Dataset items
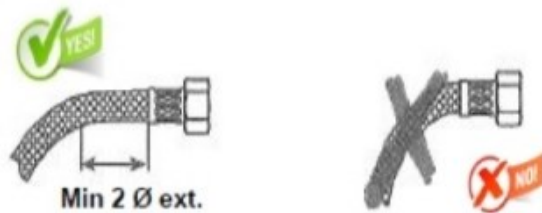

BARAZZA

-  ISTRUZIONI DI MONTAGGIO
 -  INSTALLATION INSTRUCTIONS
 -  INSTRUCTION DE MONTAGE
-

1RUBMD1

LAVELLO MONOCOMANDO
SINK MIXER
MITIGEUR ÉVIER

Max 10 Nm

INSTALLAZIONE
INSTALLATION
MONTAGE
POSE
INSTALACIÓN
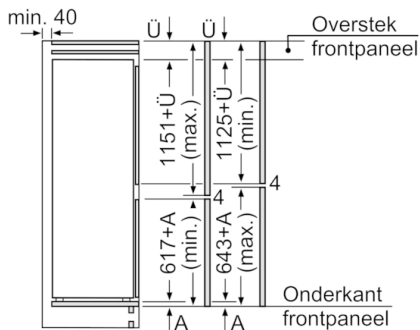

Serie | 6, Integreerbare koel-vriescombinatie met bottom-freezer, 177.2 x 55.8 cm
KIS87AF30

De aangegeven meubeldeurmatten gelden voor een deurnaad van 4 mm.

Afmeting in mm

Afmeting in mm
 Aanbeveling tussenruimtes voor vlakscharnier
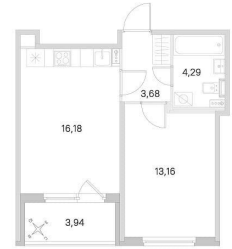

### Квартира

Количество комнат

1

Высота потолков

2.77 м

Жилая площадь

13.2 м<sup>2</sup>

Площадь кухни

16.2 м<sup>2</sup>

Общая площадь

37.31 м<sup>2</sup>

Этаж

1/4

с отделкой

Квартира в новостройке

**1-комнатная, 37.31 м<sup>2</sup>**

Срок сдачи **IV кв. 2027**  
Жилая площадь **13.16 м<sup>2</sup>** 

да

Год сдачи

4 квартал 2027 г.

лифт
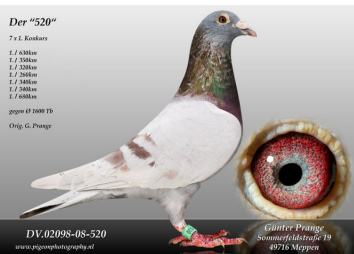

tel. +48 502 177 762

DV-02098-08-520

oryg. G. Prange (Prange/Lottermann), "Der 520" - 7x1k.

DV-02098-14-1333

oryg. G. Prange, super rozplodowa samica, linia "802"

DV-02098-08-520

oryg. G. Prange (Prange/Lottermann), "Der 520" - 7x1k.

DV-01055-12-50

oryg. Heinz-Willi Ritz

Der "520"

7 x 1. Kankare

E. J. A. Kankare

E. J. A. Kankare

E. J. A. Kankare

E. J. A. Kankare

E. J. A. Kankare

E. J. A. Kankare

E. J. A. Kankare

gogon 02 2009 76

Orig. G. Prange

DV.02098-08-520

www.pigeonphotography.nl

▶ YOUR TASK
Only an exact copy of the records counts as an answer. Leave out the images.

▶ ANSWER SPACE
BARAZZA

-  ISTRUZIONI DI MONTAGGIO
 -  INSTALLATION INSTRUCTIONS
 -  INSTRUCTION DE MONTAGE
-

1RUBMD1

LAVELLO MONOCOMANDO
SINK MIXER
MITIGEUR ÉVIER

Max 10 Nm

INSTALLAZIONE
INSTALLATION
MONTAGE
POSE
INSTALACIÓN

Serie | 6, Integreerbare koel-vriescombinatie met bottom-freezer, 177.2 x 55.8 cm
KIS87AF30

De aangegeven meubeldeurmatten gelden voor een deurnaad van 4 mm.

Afmeting in mm

Afmeting in mm
 Aanbeveling tussenruimtes voor vlakscharnier

### Квартира

Количество комнат

1

Высота потолков

2.77 м

Жилая площадь

13.2 м<sup>2</sup>

Площадь кухни

16.2 м<sup>2</sup>

Общая площадь

37.31 м<sup>2</sup>

Этаж

1/4

с отделкой

Квартира в новостройке

**1-комнатная, 37.31 м<sup>2</sup>**

Срок сдачи **IV кв. 2027**  
Жилая площадь **13.16 м<sup>2</sup>** 

да

Год сдачи

4 квартал 2027 г.

лифт

tel. +48 502 177 762

DV-02098-08-520

oryg. G. Prange (Prange/Lottermann), "Der 520" - 7x1k.

DV-02098-14-1333

oryg. G. Prange, super rozplodowa samica, linia "802"

DV-02098-08-520

oryg. G. Prange (Prange/Lottermann), "Der 520" - 7x1k.

DV-01055-12-50

oryg. Heinz-Willi Ritz

Der "520"

7 x 1. Kankare

E. J. A. Kankare

E. J. A. Kankare

E. J. A. Kankare

E. J. A. Kankare

E. J. A. Kankare

E. J. A. Kankare

E. J. A. Kankare

gogon 02 2009 76

Orig. G. Prange

DV.02098-08-520

www.pigeonphotography.nl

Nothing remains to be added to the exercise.